Armstrong valoró que la legislación en EE. UU. “está logrando avances significativos en la estructura del mercado” y que actualmente “se están llevando a cabo negociaciones positivas”. Esto indica que no se trata solo de resistencia legislativa, sino de una estrategia para crear un entorno de competencia justa.
El auge del token WLD y la estrategia de reconocimiento biométrico de Worldcoin
En noticias de mercado, el token WLD subió un 13.87% en 24 horas, alcanzando los $0.52 al 29 de enero de 2026, según informes de Forbes. Esto se atribuye a la noticia de que Sam Altman, de OpenAI, está explorando una red social basada en reconocimiento biométrico para responder a los bots en línea.
Se reporta que OpenAI consideró usar Face ID de Apple o el dispositivo Orb de Worldcoin, que escanea la retina, para autenticar a los usuarios humanos, aunque no se ha confirmado una asociación oficial. World Network ha recaudado 135 millones de dólares y ha verificado millones de identidades, proponiendo su sistema de identidad digital, World ID, como una solución de verificación de identidad centrada en la privacidad, a pesar de las investigaciones regulatorias en Kenia y Reino Unido.
Pudgy Penguins: modelo de crecimiento de marca en el mercado NFT
En el mercado de NFT, Pudgy Penguins se ha consolidado como la marca NFT nativa más fuerte en este ciclo. La empresa está transformándose de un “producto de lujo digital” especulativo a una plataforma de IP multivertical para consumidores.
Estratégicamente, Pudgy Penguins primero adquiere usuarios a través de canales tradicionales y luego los integra en Web3. Su ecosistema incluye productos físicos (ventas minoristas por más de 13 millones de dólares y más de 1 millón de unidades vendidas), juegos y experiencias (Pudgy Party alcanzó 500,000 descargas en dos semanas), y el token PENGU, ampliamente distribuido. Aunque el mercado actualmente valora a Pudgy como un IP premium en comparación con sus pares tradicionales, el éxito sostenido dependerá de la expansión minorista, la adopción en juegos y la profundización en la utilidad del token.
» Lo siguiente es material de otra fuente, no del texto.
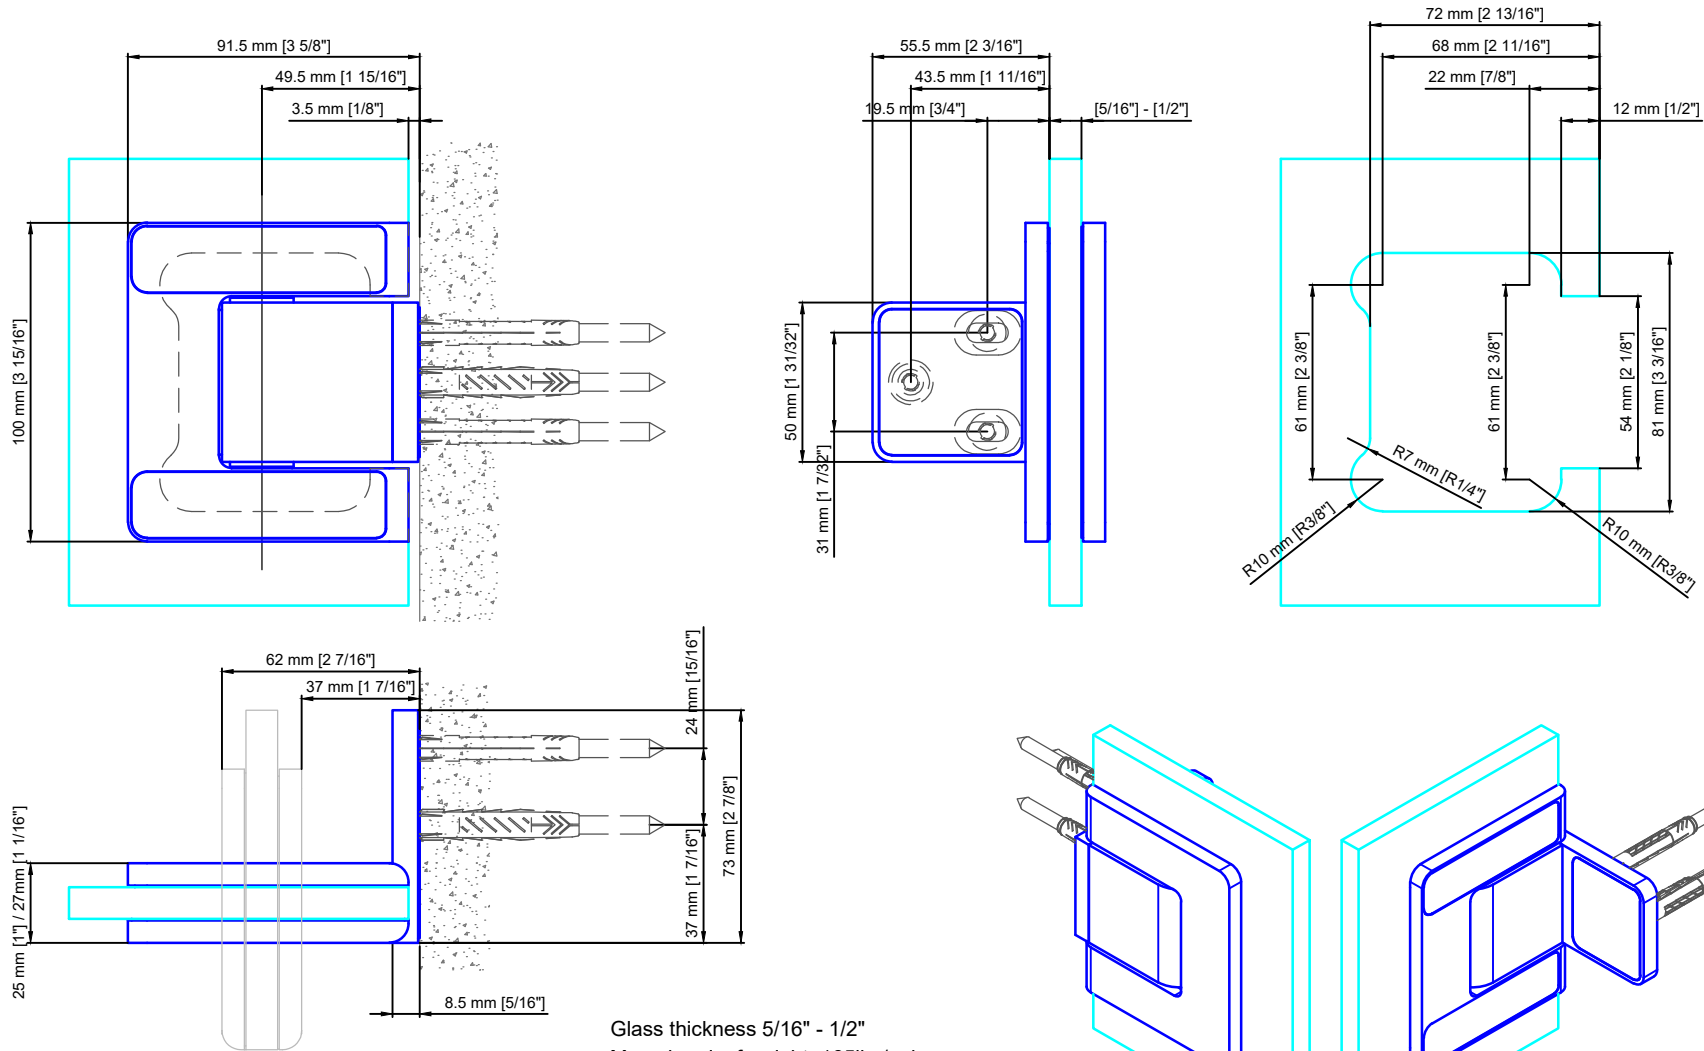

Glass Thickness = 8-12mm [5/16" to 1/2"]  
 Max. Door Leaf Weight = 75kg [165 lbs]  
 Max. Door Leaf Width = 1000mm [39 3/8"]

Recommendation:  
 For a door leaf height of 2600mm [102 3/8"] or higher, please use 3 door hinges. Installation of the additional door hinge in the upper third of the door.

Copyright MWE NA Inc., all rights reserved. Reproduction or other use of these designs without written consent from MWE NA Inc. is prohibited.

Glass thickness 5/16" - 1/2"  
Max. door leaf weight=165lbs/pair  
Max. door leaf width= 39 3/8"
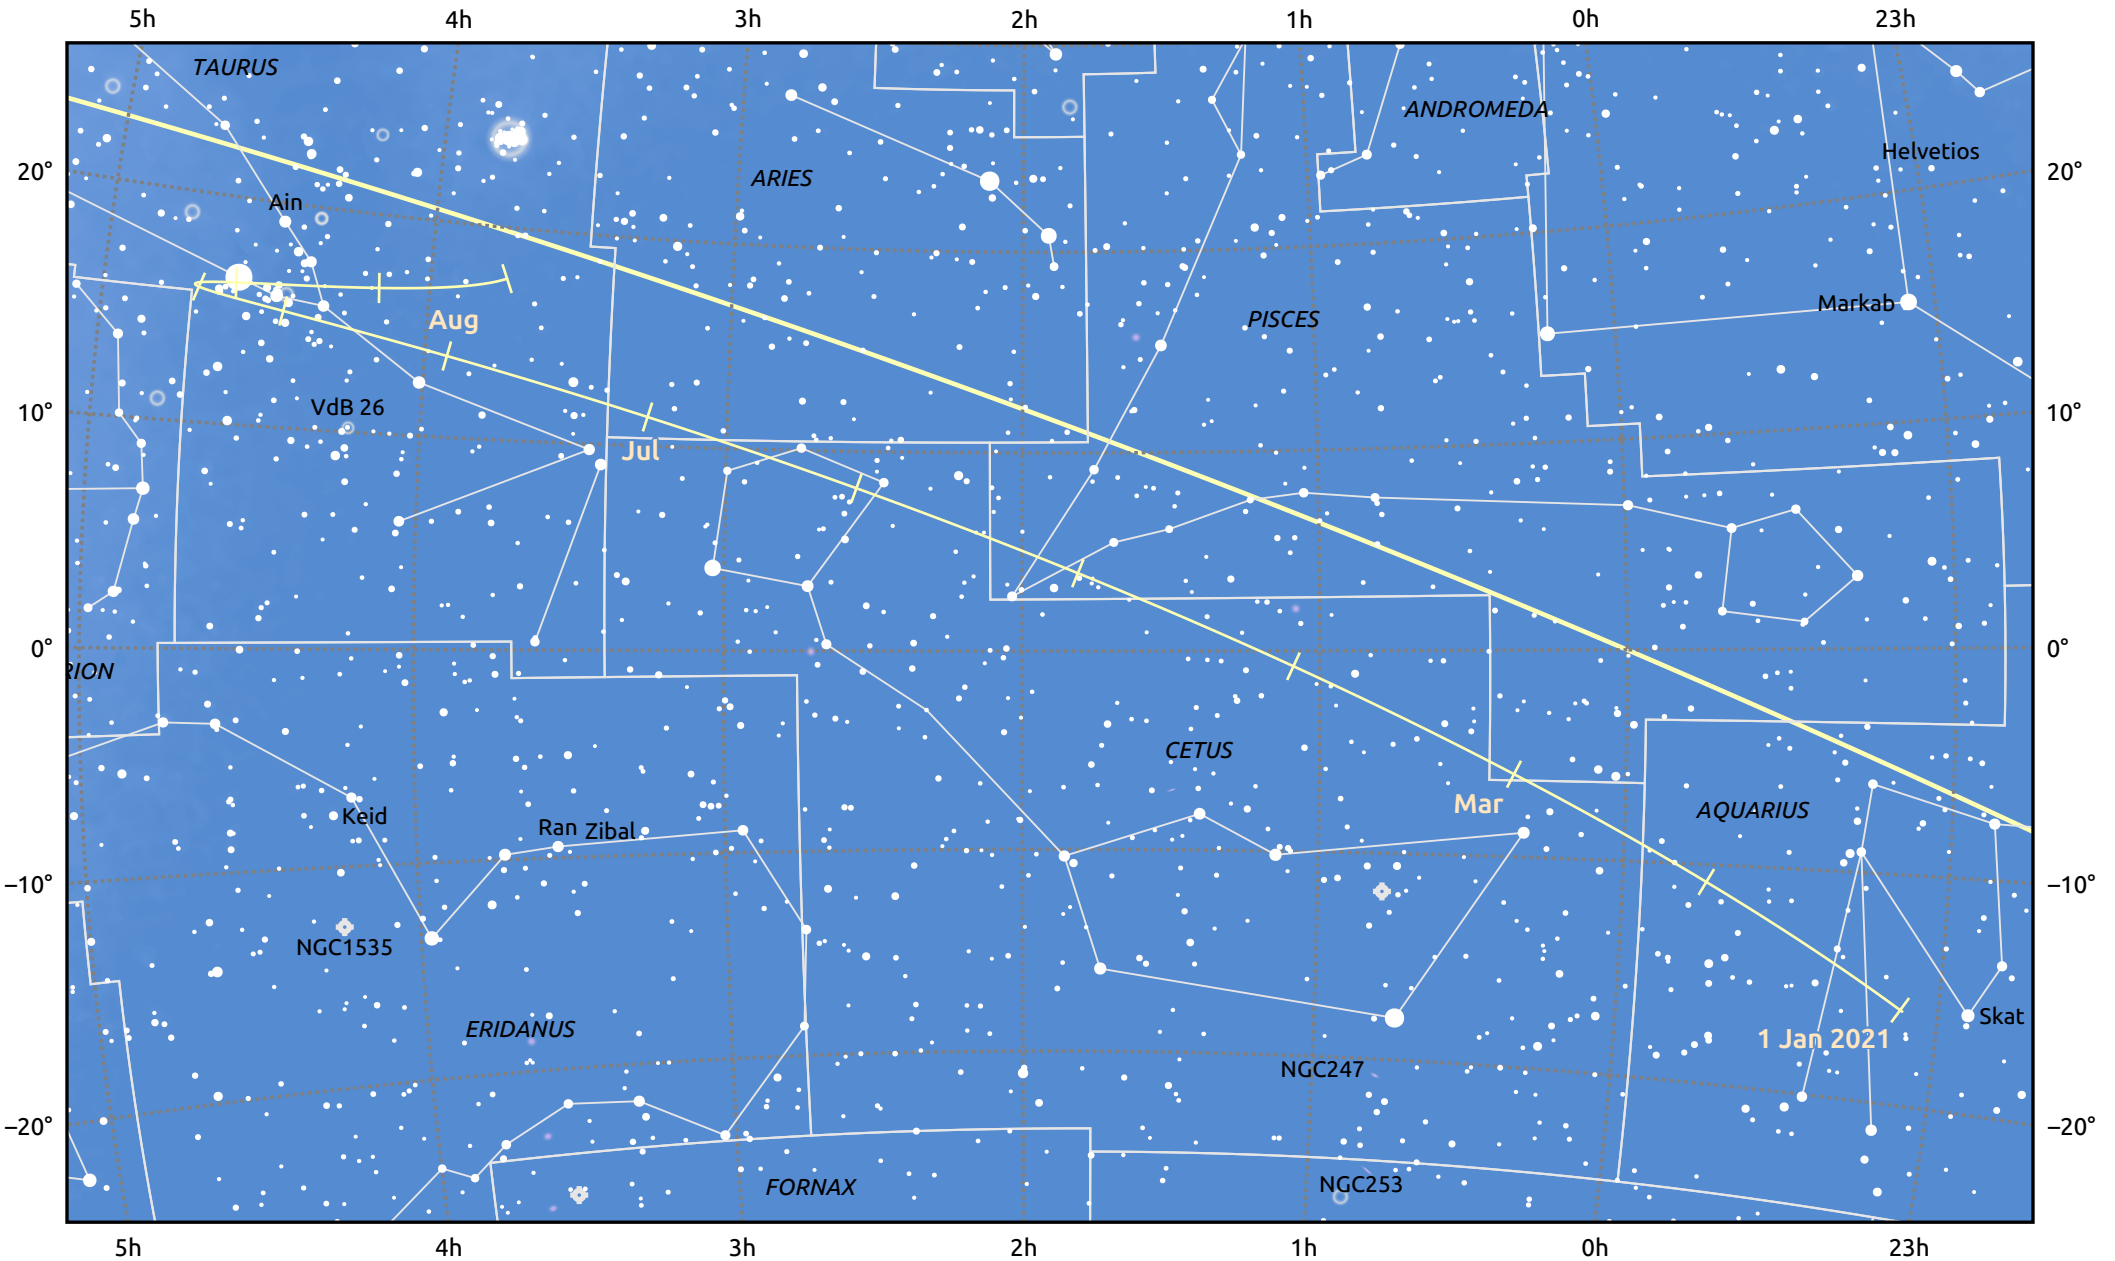

The path of Ceres in 2021

© Dominic Ford 2011–2025. Date markers placed at midnight UTC. Downloaded from <https://in-the-sky.org>

Date	Mag
2021 Jan 1	9.2
2021 Apr 1	8.9
2021 Jul 1	9.1
2021 Oct 1	8.2
2021 Oct 4	8.2
2021 Nov 18	7.2
2022 Jan 1	7.7
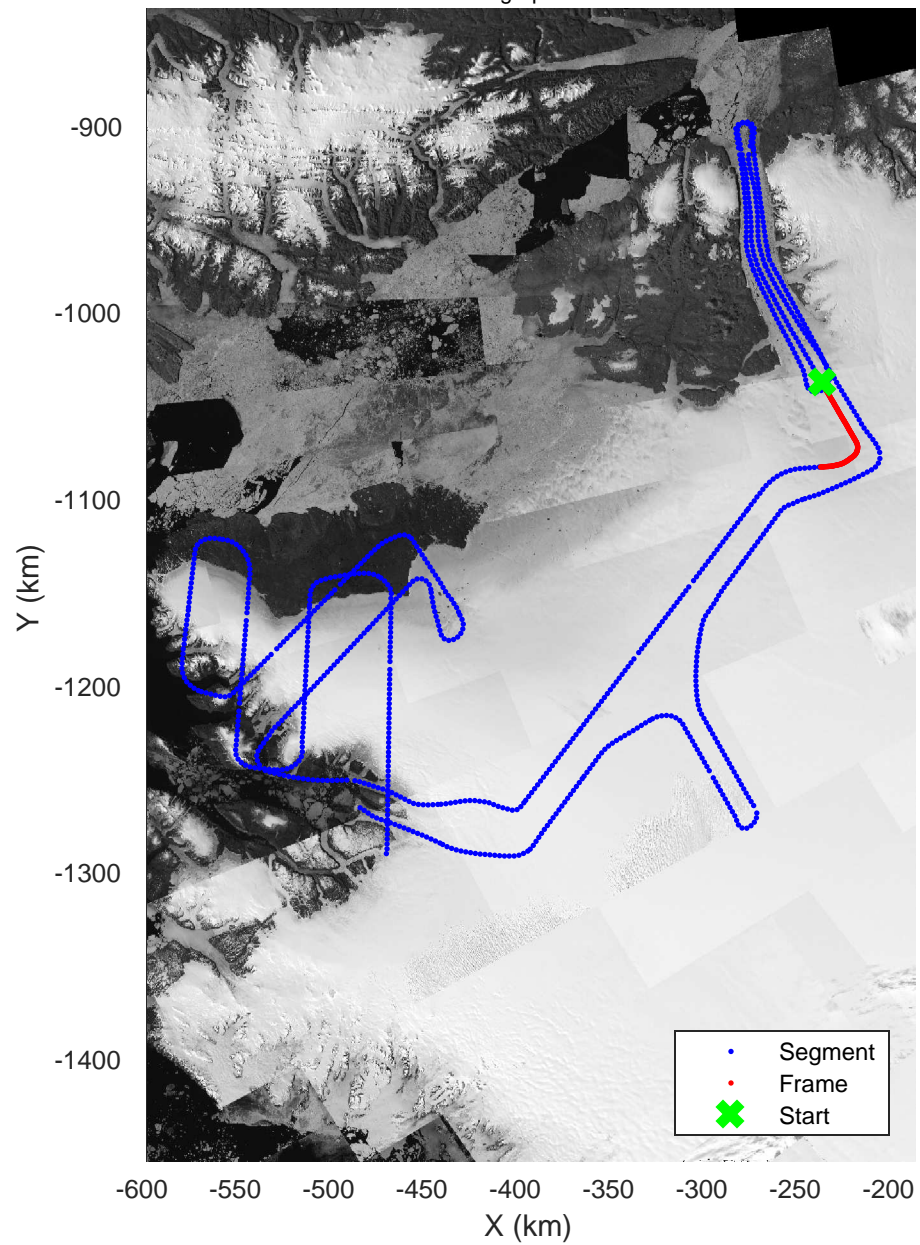

Alexander-Petermann 01
20170331_01_024
Polar Stereograph 70N/-45E
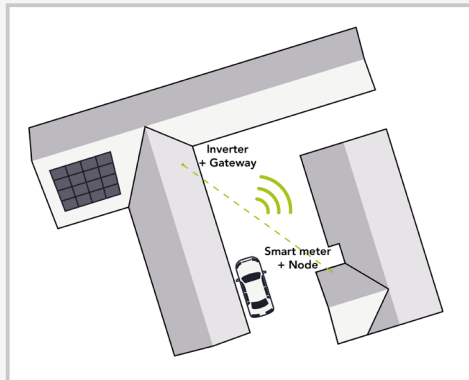

W-MODBUS DIN RAIL

2x

DIN RAIL OMNI ANTENNA KIT

QUICK AND EASY INSTALLATION

The plug-and-play capabilities significantly reduce installation time so projects can be carried out quicker, at lower cost and with less complexity.

INCREASED PROJECT CAPACITY

Wireless control in solar installations enables time for additional projects, increasing revenue potential, turning time saved into profit earned.

SIMPLIFIED COST PLANNING

With a wireless installation you know the exact cost and work involved so project planning and bidding becomes quicker and more accurate.

CONNECT YOUR INVERTER AND SMART METER WIRELESSLY

With W-Modbus you do not need a cable between the inverter and smart meter. Mount one W-Modbus next to the inverter as your gateway and one next to the smart meter as your node. With just a few installation steps you have a wireless connection.

La coexistencia de regulación e innovación: el significado del acuerdo de Davos
A pesar de las fricciones, los participantes del panel coincidieron en un punto importante. Los representantes de cada bando, incluido Brad Garlinghouse, acordaron que, en última instancia, es necesario encontrar formas de que la innovación y la regulación puedan coexistir. Esto va más allá de un simple consenso retórico en Davos y envía una señal clave para la formulación de políticas futuras.
Las discusiones entre Armstrong, Villeroy, Garlinghouse y Winters muestran que la industria de las criptomonedas ha evolucionado más allá de la simple innovación tecnológica para convertirse en un actor político que influirá en el futuro del sistema financiero global. Se espera que las posiciones expresadas en este Foro de Davos sirvan como referencias importantes en la formación de la legislación estadounidense y los marcos regulatorios internacionales en los próximos años.